• REQUIRED ACTION
Scan the entries for lines with the word "STIMA" and copy those lines.

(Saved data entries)
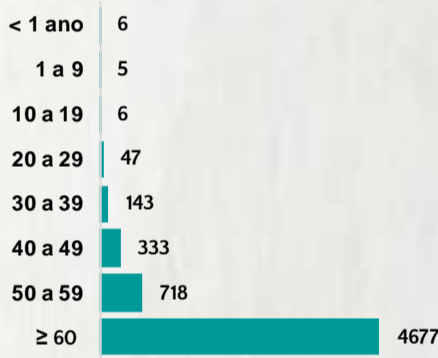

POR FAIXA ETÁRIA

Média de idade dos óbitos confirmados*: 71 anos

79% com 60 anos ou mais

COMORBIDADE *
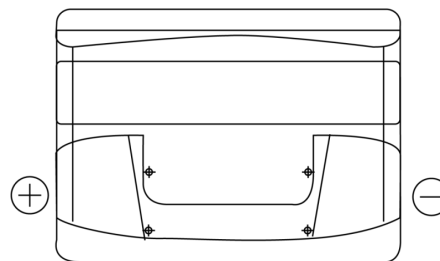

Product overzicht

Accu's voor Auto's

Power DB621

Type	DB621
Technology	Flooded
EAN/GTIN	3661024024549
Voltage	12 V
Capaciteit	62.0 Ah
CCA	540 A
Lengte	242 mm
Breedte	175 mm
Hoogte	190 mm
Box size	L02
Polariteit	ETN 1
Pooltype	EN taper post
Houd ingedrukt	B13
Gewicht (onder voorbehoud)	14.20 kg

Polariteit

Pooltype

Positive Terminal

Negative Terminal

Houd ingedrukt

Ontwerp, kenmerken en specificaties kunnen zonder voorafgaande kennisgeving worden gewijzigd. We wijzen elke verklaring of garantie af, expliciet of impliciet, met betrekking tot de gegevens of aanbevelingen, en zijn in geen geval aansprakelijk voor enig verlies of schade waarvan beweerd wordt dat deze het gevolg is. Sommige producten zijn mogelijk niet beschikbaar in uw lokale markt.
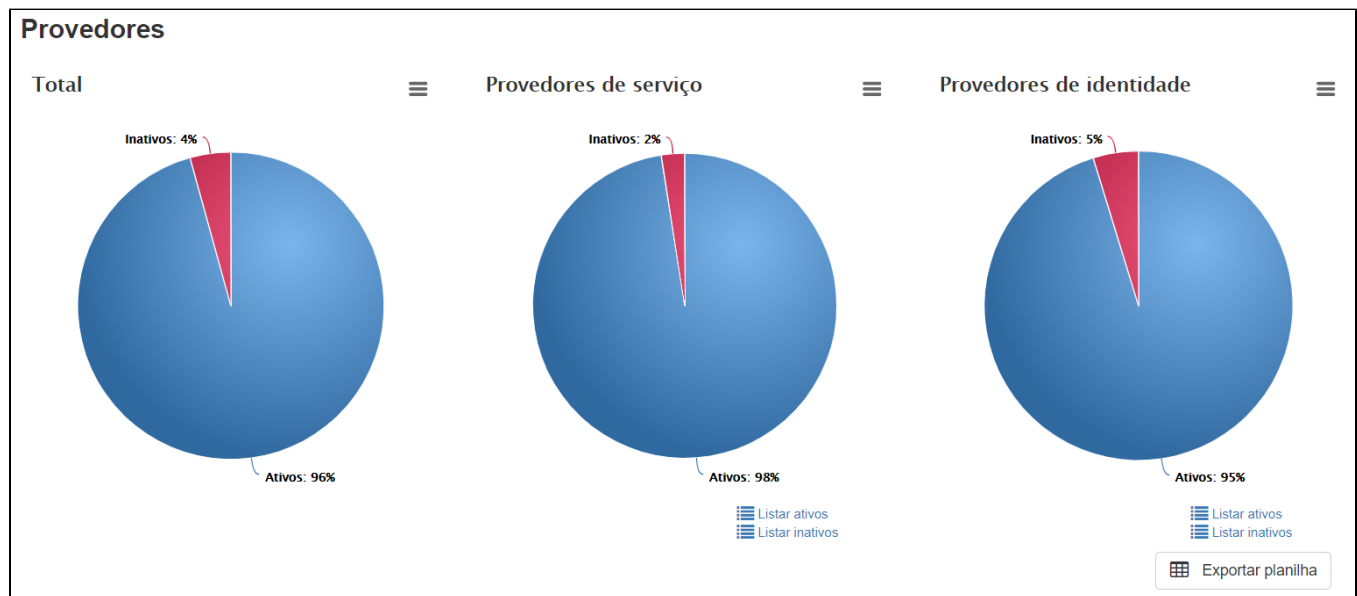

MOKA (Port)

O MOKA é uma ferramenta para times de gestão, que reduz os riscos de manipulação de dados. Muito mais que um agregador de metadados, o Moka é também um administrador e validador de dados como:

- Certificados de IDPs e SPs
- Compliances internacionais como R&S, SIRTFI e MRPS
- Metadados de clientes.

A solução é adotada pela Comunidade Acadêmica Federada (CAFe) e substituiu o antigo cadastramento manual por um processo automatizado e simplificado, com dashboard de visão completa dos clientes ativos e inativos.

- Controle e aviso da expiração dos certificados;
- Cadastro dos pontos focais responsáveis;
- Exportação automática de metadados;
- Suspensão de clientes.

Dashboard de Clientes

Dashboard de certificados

...

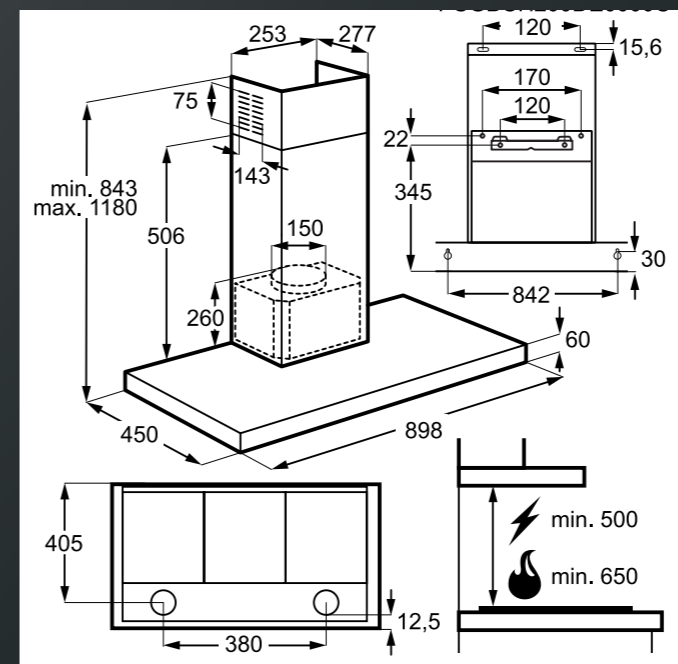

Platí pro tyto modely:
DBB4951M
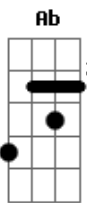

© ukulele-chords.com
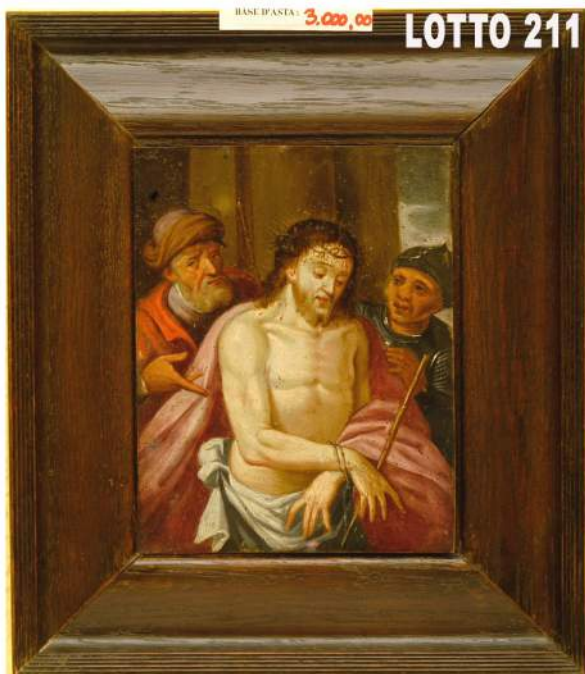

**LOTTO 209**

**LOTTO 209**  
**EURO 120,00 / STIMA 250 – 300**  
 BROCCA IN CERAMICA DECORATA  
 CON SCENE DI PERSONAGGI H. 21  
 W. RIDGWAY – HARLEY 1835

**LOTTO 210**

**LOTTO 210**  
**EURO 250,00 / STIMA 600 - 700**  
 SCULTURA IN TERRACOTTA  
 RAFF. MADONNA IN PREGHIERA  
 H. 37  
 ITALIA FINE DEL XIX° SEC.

• ANSWER BOX
**EURO 120,00 / STIMA 250 – 300**  
**EURO 250,00 / STIMA 600 - 700**  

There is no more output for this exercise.